A recent meta-analysis from the CDC showed that about 14% of transgender women in the U.S. are living with HIV, which is lower than previous estimates. However, the study found that racial disparities in HIV rates among the community are high, with 44% of black and 26% of Latina trans women living with HIV, compared to 7% of white trans women.

Andrasik argues that researchers need to think not just about the bottom line of enrollment and clinical research endpoints, but how the lives of the participants outside of the research trial matter.

"The people who are at highest risk for HIV who are in our efficacy trials," Andrasik said, "are the folks who are experiencing more marginalization -- because their very experience of marginalization is what puts them at greatest risk. So they may have more challenges and more life circumstances that prevent them from participating. It's important for us to know that and to be aware of what those are to effectively address those, to ensure if people want to be a part of the research [they can be]."

"We now have to combat a society that is against us on many different levels," added Anderson. "And now we are being asked to pay close attention to a certain area of our health, and all we're saying is that we need x,y, and z. We need housing. We need food. We need proper transportation. We need policy."

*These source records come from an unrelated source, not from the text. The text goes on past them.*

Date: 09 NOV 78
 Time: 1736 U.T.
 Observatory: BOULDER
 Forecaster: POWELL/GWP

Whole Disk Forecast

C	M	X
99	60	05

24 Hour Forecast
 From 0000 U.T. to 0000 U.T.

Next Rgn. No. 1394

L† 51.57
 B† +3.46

But Andrasik also believes that transgender women can and do participate in trials, and the systemic barriers should not be a reason to avoid proactive measures to include them.

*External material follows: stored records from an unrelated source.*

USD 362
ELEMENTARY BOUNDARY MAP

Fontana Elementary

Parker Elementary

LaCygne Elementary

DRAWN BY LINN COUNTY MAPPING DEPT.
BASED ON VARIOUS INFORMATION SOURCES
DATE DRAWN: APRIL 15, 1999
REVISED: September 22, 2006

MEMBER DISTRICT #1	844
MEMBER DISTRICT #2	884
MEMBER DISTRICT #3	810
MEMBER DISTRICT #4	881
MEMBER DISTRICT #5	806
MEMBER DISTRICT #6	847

"Many people do want to be a part of the research for altruistic reasons," she said. "They see how it impacts their community, and they want to be part of the solution, so our goal is make sure they can be part of the solution without creating any undue stress on their lives."

Community-based organizations such as those run by leaders like Anderson are vital to the research, Andrasik said. CBOs and their constituents often can help identify the research question, support the methodology process, collect and analyze data, and write up results in articles.

"It's incredibly important when you have the results not to just publish them in a peer-reviewed scientific journal or present them at scientific conferences," she offered. "But one of [the] things we do is -- in partnership with our community colleagues -- we identify other avenues of dissemination of information such as CBO newsletters, at town halls or health fairs. Not only understandable at a lay person's level but also interesting and engaging. I think there's no way we can do that without our community partners," she said.

Andrasik sees other benefits for the trans community and other marginalized communities who participate in clinical research trials.

"First of all, research educates the local community," she said. "All of the community engagement efforts that we do focus on educating the community. Not only we are doing [this] in vaccine research but HIV prevention, period. People [who] are actual participants in this research study get top-of-the-line medical care and medical services. And it links not only to education, but resources."